Letm1, the mitochondrial Ca2+/H+ antiporter, is essential for normal glucose metabolism and alters brain function in Wolf-Hirschhorn syndrome.

Abstract	Mitochondrial metabolism, respiration, and ATP production necessitate ion transport across the inner mitochondrial membrane. Leucine zipper-EF-hand containing transmembrane protein 1 (Letm1), one of the genes deleted in Wolf-Hirschhorn syndrome, encodes a putative mitochondrial Ca(2+)/H(+) antiporter. Cellular Letm1 knockdown reduced Ca(2+)mito uptake, H(+)mito extrusion and impaired mitochondrial ATP generation capacity. Homozygous deletion of Letm1 in mice resulted in embryonic lethality before day 6.5 of embryogenesis and ~50% of the heterozygotes died before day 13.5 of embryogenesis. The surviving heterozygous mice exhibited altered glucose metabolism, impaired control of brain ATP levels, and increased seizure activity.

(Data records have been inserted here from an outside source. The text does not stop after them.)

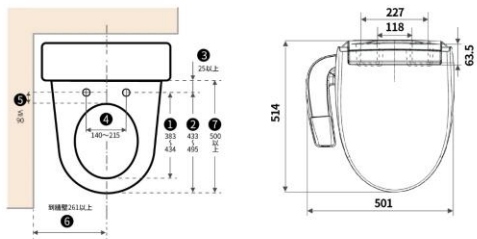

建議安裝尺寸 (便器尺寸/單位mm)
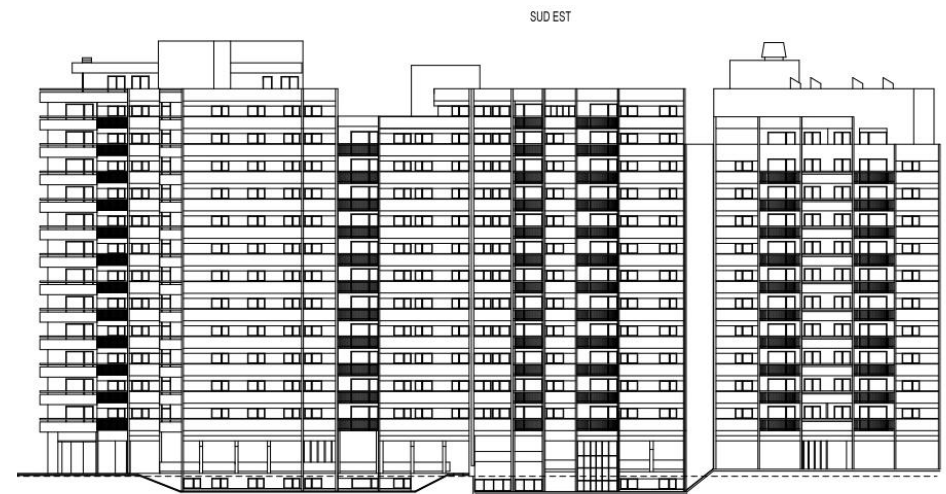

En haut à droite, il s'agit de la coupe existante.

En dessous, la coupe projet.

Les plans ont été réalisés sur DataCAD lors de mon stage en 2022 dans le cabinet BATY Architectes.

Le Buffon

Besançon

Le projet ici était la réfection des façades de cette copropriété. Les plans ont été réalisés sur DataCAD lors de mon stage en 2022 dans le cabinet BATY Architectes.

Le rendu a été réalisé sur TwinMotion

Soutenance

Villeurbanne

Dessins à la main réalisés sur Remarkable2
Plan d'esquisse de recherche
Rendu réalisé sur TwinMotion
Février 2024-juin 2024

L'objet de cette soutenance était de réaliser un ERP et un logement sur un terrain existant comportant initialement une maison des années 1920-1930 et une annexe au fond du jardin.

We conclude that loss of Letm1 contributes to the pathology of Wolf-Hirschhorn syndrome in humans and may contribute to seizure phenotypes by reducing glucose oxidation and other specific metabolic alterations.

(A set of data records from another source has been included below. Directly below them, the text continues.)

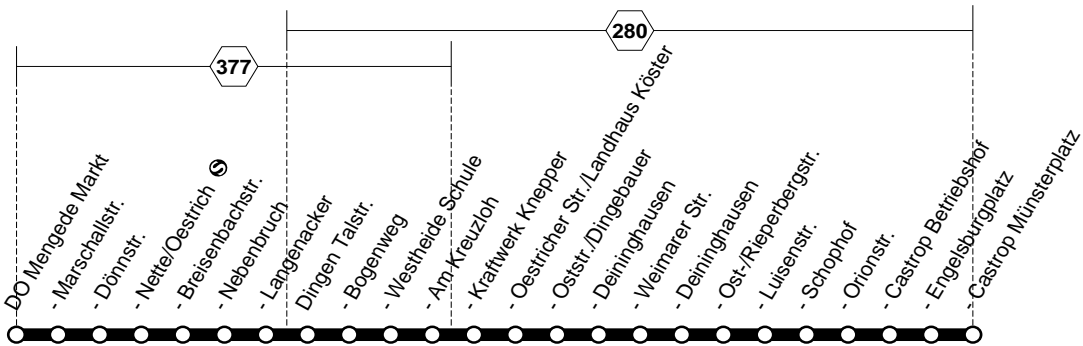

361

DO-Mengede - Nette/Oestrich - CAS-Dingen -
Deininghausen - Castrop Münsterplatz
und zurück

361

361

**361****montags bis freitags****361****DO-Mengede - Nette/Oestrich ☉ - CAS-Dingen -
Deininghausen - Castrop Münsterplatz**

Haltestellen	Abfahrtszeiten												
DO-Mengede Markt (Bstg 03) ab	6.18			7.18	7.47			8.47		18.47		19.42	
- Marschallstraße (Bstg 01)	19			19	48			48		48		43	
- Dönnstraße (Bstg 01)	20			20	49			49		49		44	
- Nette/Oestrich ☉ (Bstg 01)	21			21	50			50		50		45	
- Breisenbachstr. (Bstg 2)	23			23	52			52		52		47	
- Nebenbruch (Bstg 2)	24			24	53			53	alle	53		48	
- Langenacker (Bstg 2)	26			26	55			55		55		50	
CAS-Dingen Talstr. (Bstg 2)	28			28	57			57	60	57		52	
- Bogenweg (Bstg 2)	29			29	58			58		58		53	20.45
- Westheide Schule (Bstg 2)	30			30	59			59	Min.	59		54	21.45
- Am Kreuzloh (Bstg 2)	31			31	8.00			9.00		19.00		55	46
- Kraftwerk Knepper (Bstg 2)	32			32	01			01		01		56	47
- Oestr Str/Ldhs Köster (Bstg 2)	32			32	01			01		01		56	47
- Oststr/Dingebauer (Bstg 2)	33			33	02			02		02		57	48
- Deininghausen (Bstg 1)	34			34	03			03		03		58	48
- Weimarer Str. (Bstg 1)	5.05	5.35	6.05	35	7.05	35	04	8.34	04	04	19.34	59	50
- Deininghausen (Bstg 2)	07	37	07	37	07	37	06	36	06	06	36	20.01	50
- Ost-/Rieperbergstr. (Bstg 2)	08	38	08	38	08	38	07	37	07	alle	07	37	52
- Luisenstr. (Bstg 2)	09	39	09	39	09	39	08	38	08		08	38	53
- Schophof (Bstg 2)	10	40	10	40	10	40	09	39	09	30	09	39	54
- Orionstr. (Bstg 2)	11	41	11	41	11	41	10	40	10		10	40	54
- Castrop Betriebshof (Bstg 01)	13	43	13	43	13	43	12	42	12	Min.	12	42	55
- Engelsburgplatz (Bstg 01)	14	44	14	44	14	44	13	43	13		13	43	55
- CAS Münsterplatz (Bstg 05) an	5.17	5.47	6.17	6.47	7.17	7.47	8.16	8.46	9.16		19.16	19.46	20.11
											21.00	22.00	23.00

Authors	Dawei Jiang, Linlin Zhao, Clary B Clish, David E Clapham
Journal	Proceedings of the National Academy of Sciences of the United States of America (Proc Natl Acad Sci U S A) Vol. 110 Issue 24 Pg. E2249-54 (Jun 11 2013) ISSN: 1091-6490 [Electronic] United States
PMID	23716663 (Publication Type: Journal Article, Research Support, Non-U.S. Gov't)
Chemical References	Antiporters Calcium-Binding Proteins LETM1 protein, human Membrane Proteins Mitochondrial Proteins Protons Adenosine Triphosphate Glucose Kainic Acid Calcium
Topics	Adenosine Triphosphate (metabolism) Animals Antiporters (genetics, metabolism) Brain (metabolism) Calcium (metabolism) Calcium-Binding Proteins (genetics, metabolism) Cells, Cultured Embryo, Mammalian (cytology, embryology, metabolism) Female Glucose (metabolism) HEK293 Cells Humans Kainic Acid (toxicity) Male Membrane Potential, Mitochondrial Membrane Proteins (genetics, metabolism) Mice Mice, Knockout Microscopy, Confocal Microscopy, Electron Mitochondria (metabolism, physiology, ultrastructure) Mitochondrial Proteins (genetics, metabolism) Protons RNA Interference Seizures (chemically induced, genetics, physiopathology) Wolf-Hirschhorn Syndrome (genetics, metabolism)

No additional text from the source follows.